Ray Core DAG API is slow

How severe does this issue affect your experience of using Ray?

  • High: It blocks me to complete my task.


I am using Ray DAG API to build a simple DAG of tasks based on dependencies specified at runtime. The DAG is very simple, only 5 tasks taking about 50 ms each. This repo shows how the DAG is built, essentially recursively walking up the dependency tree for a requested task and creating IR nodes at each step. The program behaves correctly and execute the tasks as expected, even scheduling tasks that can be executed in parallel (B,C and D,E) in different workers. The total execution time is much higher than expected, the critical path takes ~150 ms, however, the output below shows the total time to execute the graph is ~1s. Am I miss-using the API or is it a known issue?

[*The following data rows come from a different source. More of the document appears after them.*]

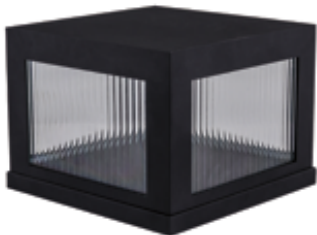

GU10 LED Bulb Included.  
6 Watt / 380 Lumens

LED

**AVENUE**  
outdoor

AV9904-SLV  
Silver  
12" W x 12" W x 9" H  
15W / 120V  
450 Lumens  
3000K  
Pillar Mount

AV9904-BLK  
Black  
12" W x 12" W x 9" H  
15W / 120V  
450 Lumens  
3000K  
Pillar Mount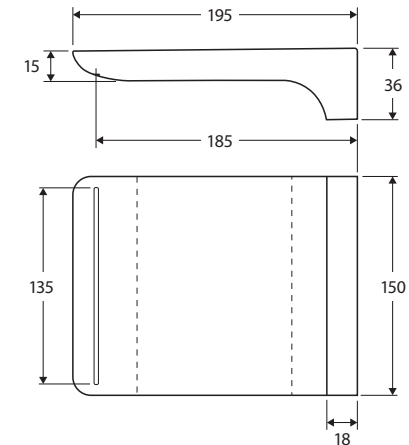

Harmon

BATH OUTLET

Features

- Waterfall style
- Wall mounted, fixed position
- Fitted with aerator
- Push-fit installation
- Made from solid brass
- Female 1/2" BSPP inlet
- WELS rating not required

Available in

While we aim to ensure specifications are correct at the time of publication, Fienza reserves the right to make modifications without prior notice. Physical colour may vary from image shown. All measurements are shown in millimetres. Always use physical product measurements for mark-ups and roughing-in as the technical drawing may differ from actual product received.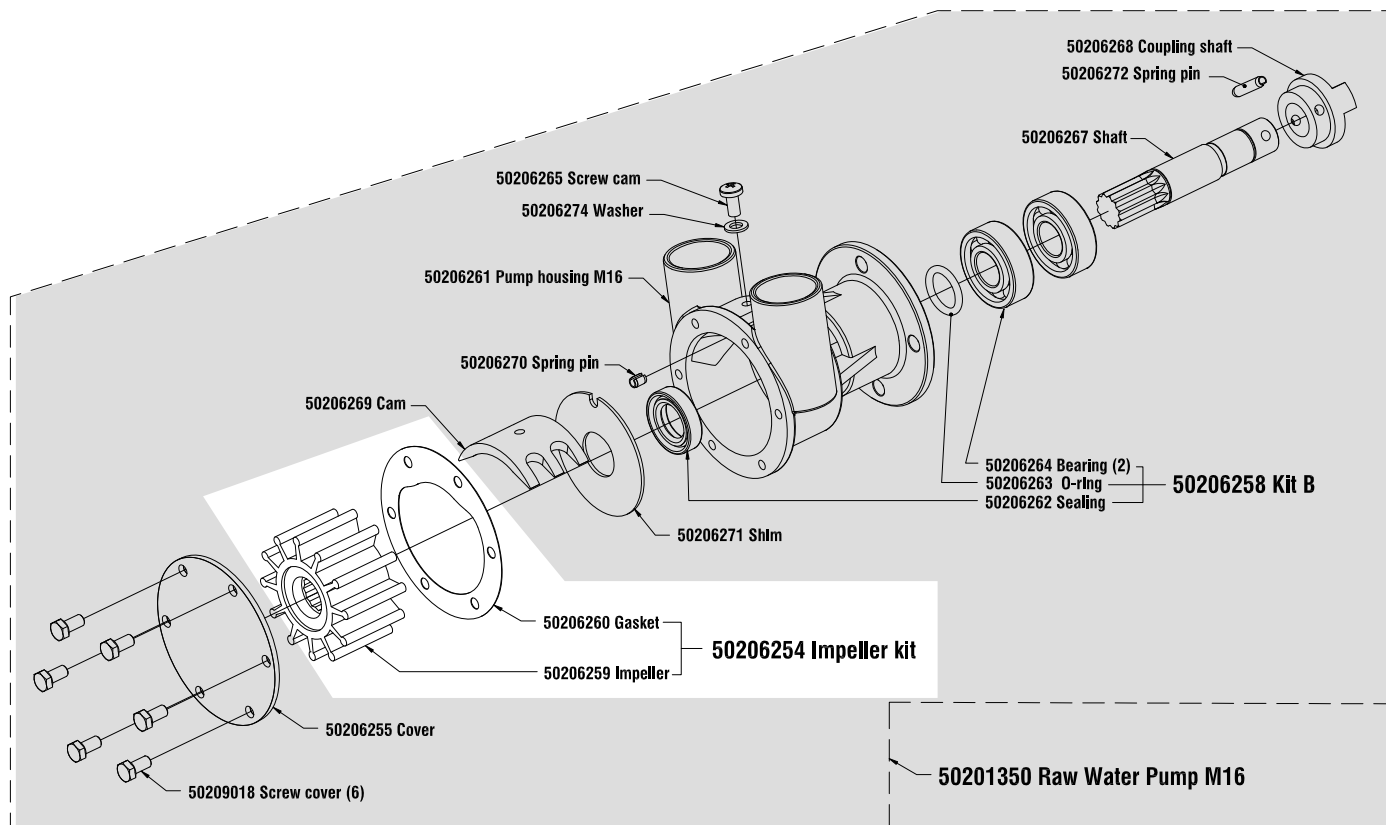

## Repair kit impeller pump type M16

Part nr. 50206254

Refer to the user's manual of the Whisper generator set for maintenance instructions!

### CONTENTS OF THE DELIVERY

pos	qty	article no	description
1	1	50209012	Gasket impeller waterpump
2	1	50206259	Impeller raw water pump M16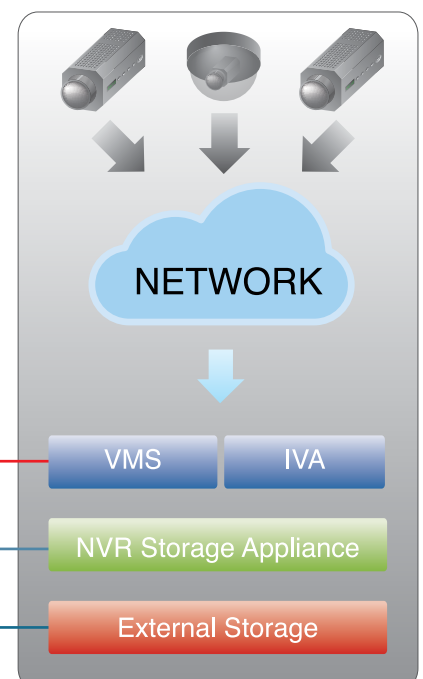

PROMISE Proposal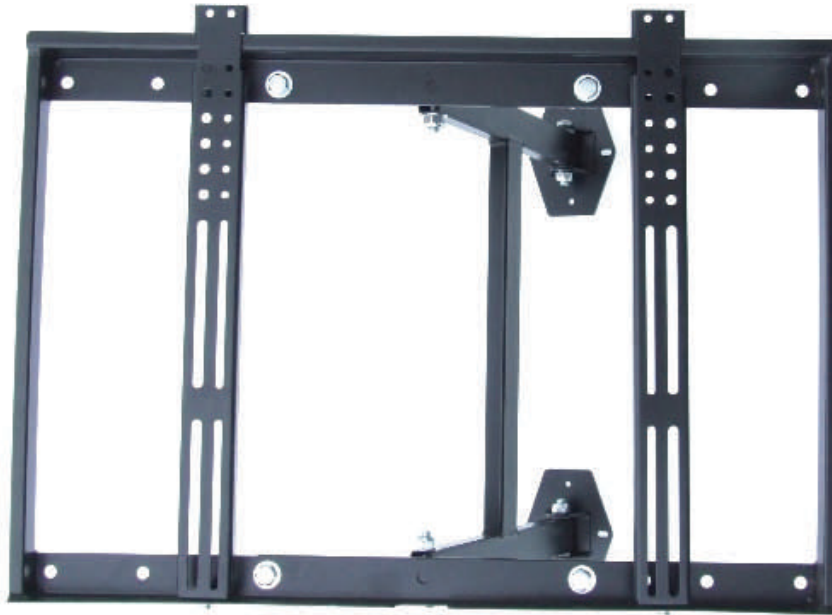

PLASMA/LCD TV SINGLE PIVOT WALL MOUNT

WPA-650

- Designed for Plasma/LCD TVs from 32 to 42 inch (80 to 106cm) with a minimum panel size of 700mm wide x 500 high.
- Single pivot arm with twin struts allows panel to be swivelled up to 80 degrees, left or right, depending on panel width.
- Distance from wall to rear of panel: 385mm
- Suitable for panels with mounting hole fixings from 75x75mm to 540x440mm (width x height)
- Load rating up to 100kg
- All-metal silver or black powder coated construction.
- Supplied fully assembled ready for mounting.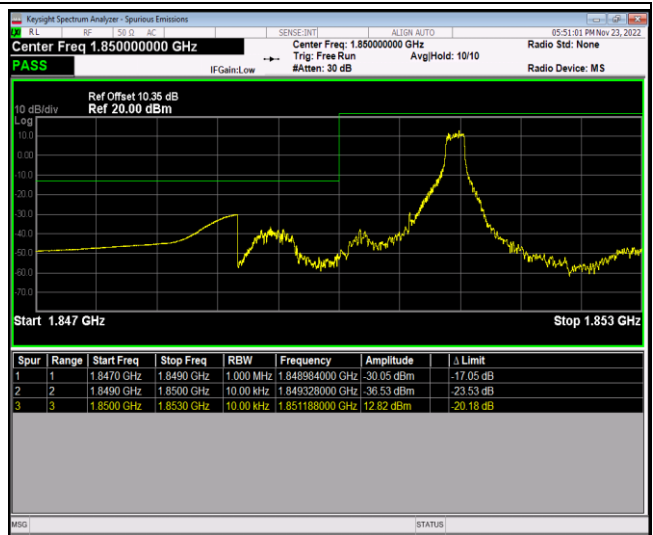

Remark: All bandwidth and all modulation had been tested, but only the worst case data displayed in this report.

Test Graphs

Band2-1.4MHz-64QAM-18607-6RB#0

Band2-1.4MHz-64QAM-19193-1RB#0

Band2-1.4MHz-64QAM-19193-1RB#5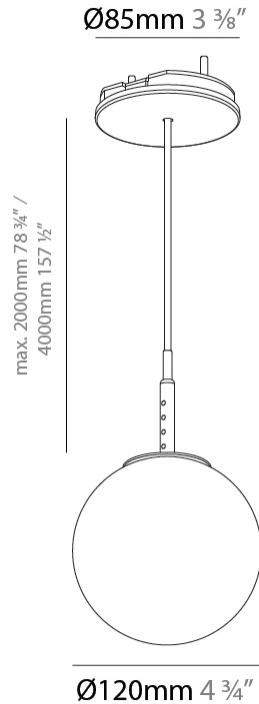

GENERAL

Series: Bilo
Brand: Prolicht
Division: Architectural
Mounting Type: Suspension
Mounting Location: Ceiling
Subcategory: Pendant

PHYSICAL

Shape: Round
Diameter (mm): 120
Diameter (in): 4 ¾
Height (mm): 120
Height (in): 4 ¾
Ceiling Thickness (mm): 1 - 25
Ceiling Thickness (in): 1/16 - 1
Light Distribution: Omnidirectional
Fixture Finish: SSR / BKV / CWI / CRY / HAB / UFT / ITA / RUA / FTG / MYG / LOD / PUS / FRO / FUP / KIA / POP / BLS / SPG / MEY / GOH / GUM / CHC / COM / ABZ / JAG / OBR / MOS / ROR
Accent Finish: OPL / YEL / ORA / RED / BLU / GRN
Fixture Material: Glass / Aluminum
Cable Details: 2000mm/78 ¾" or 4000mm/157 ½" Cable - Color
Options: Black / White / Orange / Red / Green
Cut-out Measurements: 68mm / 2 11/16

ELECTRICAL

Lamp Type: LED
Input Wattage (W): 6
Dimming: Tri-Mode (Non-Dimming and Phase Dimming (120Vac only) and 0-10V Dimming)
Driver Included: No
Driver Location: Remote
Driver Type: Constant Current - Universal
Driver Class: Class 2
Input Voltage (V): 120 - 277
Constant Current (MA): 500

LED

Color Temperature (°K): 2700 / 3000 / 3500 / 4000
Max. Delivered Lumen (lm): 356 / 377 / 398 / 408
Nominal Lumen (lm): 460 / 487 / 514 / 528
CRI: >90 CRI
Lamp Life (hrs): 50000

OPTICAL

Beam Angle: 120

RATINGS AND CERTIFICATIONS

Certified By: CSA Certified to UL and CSA Standards
IP rating: IP20

PROJECT
TYPE
SPECIFIER
QUANTITY
DATE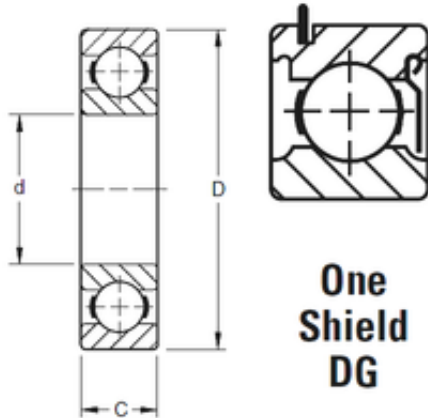

## 30 mm x 62 mm x 16 mm TIMKEN 206KDG Single Row Ball Bearings

Bearing No. 206KDG

Size	30x62x16 mm
Bore Diameter	30 mm
Outer Diameter	62 mm
Width	16 mm
d	30 mm
D	62 mm
B	16 mm
C	16 mm
Weight	0,195 Kg
Basic dynamic load rating (C)	22,2 kN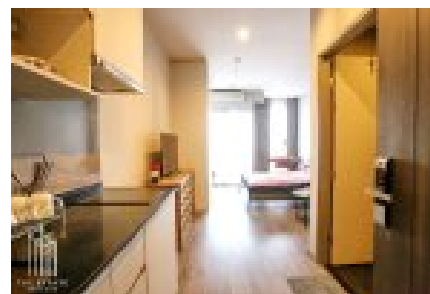

Condo for rent in Whizdom Avenue Ratchada-Ladprao, Chom Phon, Bangkok near MRT Lat Phrao

Listing provided by:

Tel: +66642252418

Condo for RENT *** Whizdom Avenue Ratchada-Ladprao @18,000 Baht
Location : Ladprao
Rent Price : 18,000 Baht
Near MRT : Ladprao
Unit Size : 28.35 sq.m.
Studio(s) / 1 bathroom(s)
Ref No. : CR180809002"
Contact us. "Call : ☎ 064 225 2418 ☎ LINE@ : @theestate ,
http://line.me/ti/p/~@theestate Website : ht...

View online:

6 photos

Key features	Studio	1 Bath	28.35 m ² Usable area	
Facilities	 Air Conditioning	 CCTV	 Fitness	 Garden
	 Library	 Parking	 Playground	 Security

฿ 18,000 / month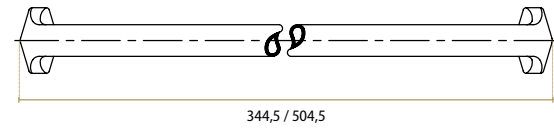

Six Fois
bathroom accessories

TOWEL RAIL

ROEL

including back-to-back fixing

including back-to-back fixing

including back-to-back fixing

including back-to-back fixing

including back-to-back fixing

including back-to-back fixing

including back-to-back fixing

including back-to-back fixing

ROEL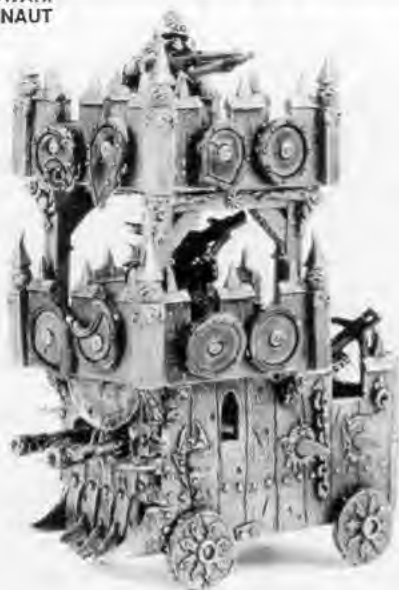

CHAOS DWARF WAR MACHINES

CHAOS DWARF JUGGERNAUT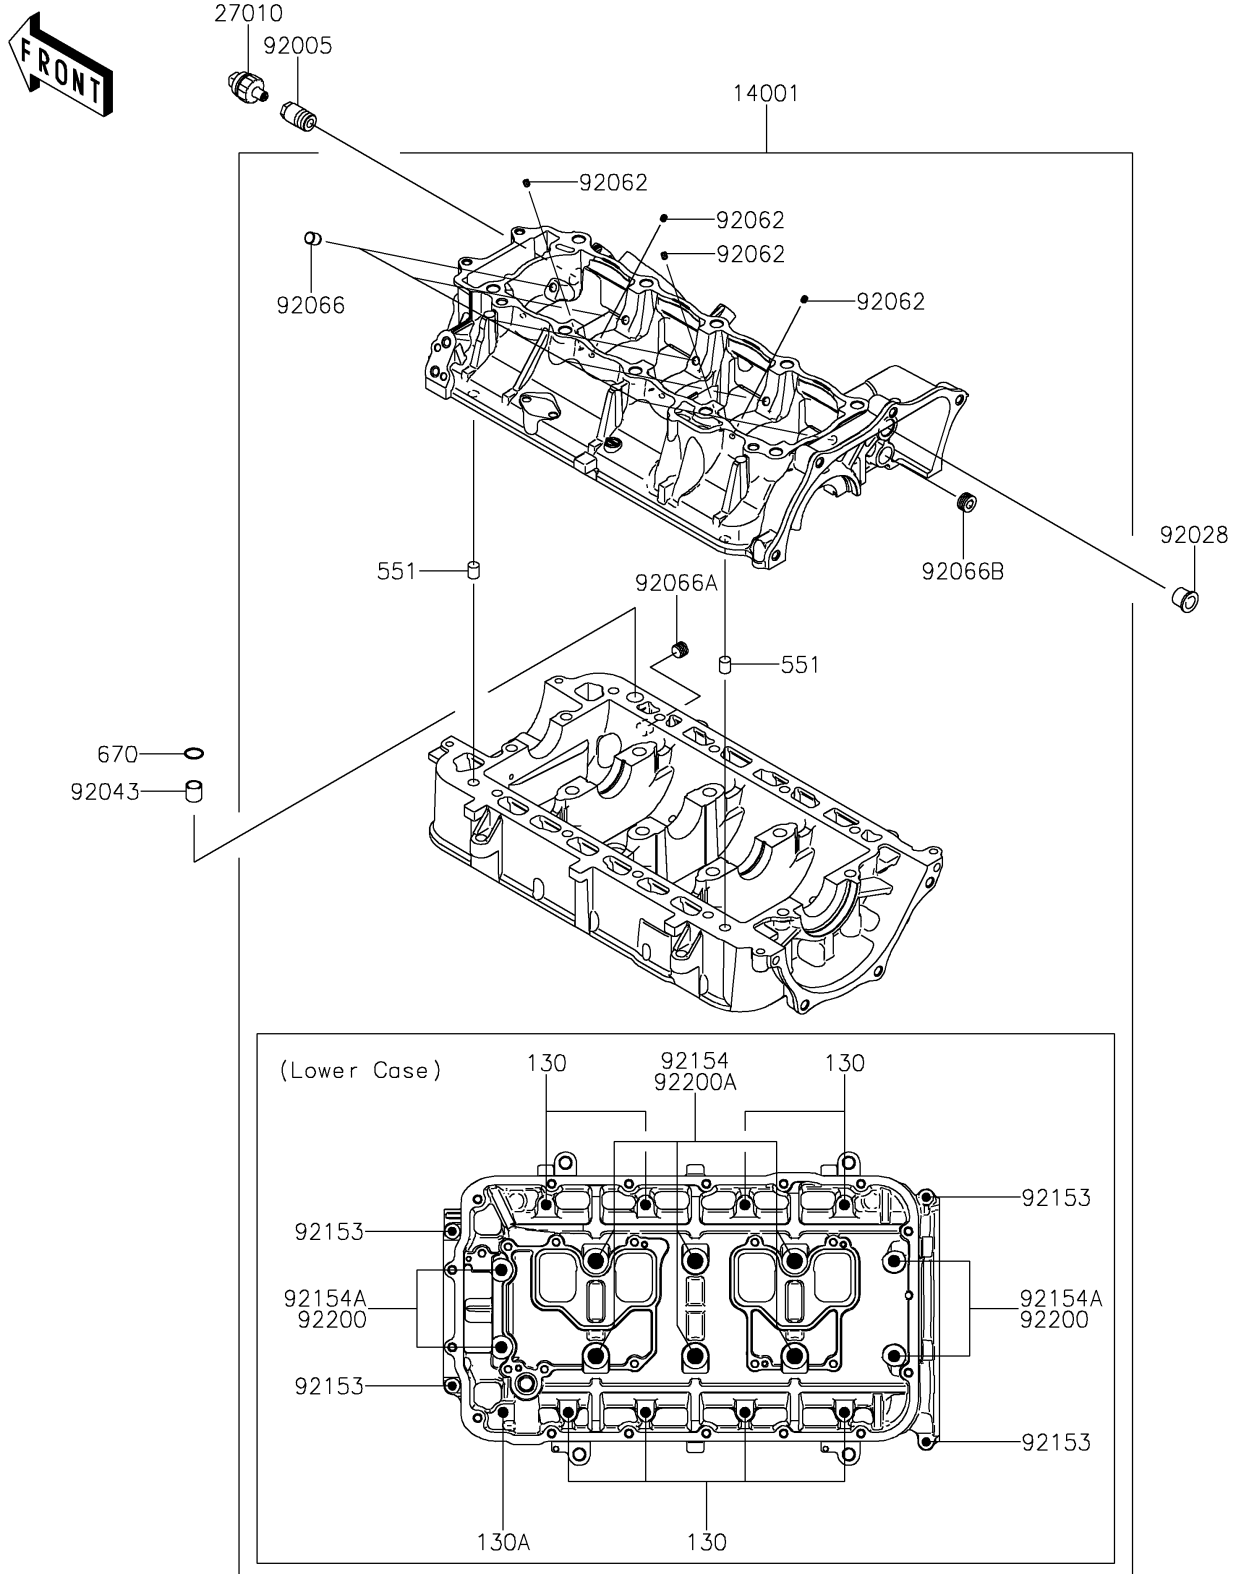

2020 JET SKI® ULTRA® 310R

PARTS DIAGRAM

Crankcase

E1411

2020 JET SKI® ULTRA® 310R

PARTS LIST

Crankcase

ITEM NAME

PART NUMBER

QUANTITY

Test environment: Perlmutter CPU with ray 2.0.0, python 3.7

Running with 2 nodes with 128 threads each (256 cores)
Dependency: AlgorithmA -> none
Dependency: AlgorithmB ->  AlgorithmA
Dependency: AlgorithmC ->  AlgorithmA
Dependency: AlgorithmD ->  AlgorithmB AlgorithmC
Dependency: AlgorithmE ->  AlgorithmB
Processing 1 events
(execute pid=141681) Total time for AlgorithmC: 48.99ms
(execute pid=141707) Total time for AlgorithmA: 50.68ms
(execute pid=141707) Total time for AlgorithmB: 48.76ms
(execute pid=141707) Total time for AlgorithmE: 48.97ms
(execute pid=141681) Total time for AlgorithmD: 49.08ms
Total time to schedule: 417.45ms
Total time to process: 947.14ms
Time between scheduling end and processing end: 529.69ms

There could be two overheads: 1 scheduling overhead, 2 worker initialization overhead. Wondering in your case you actually hit by worker initialization overhead.

One way to quickly verify the theory is to rerun the same code again, and if you see performance improvment.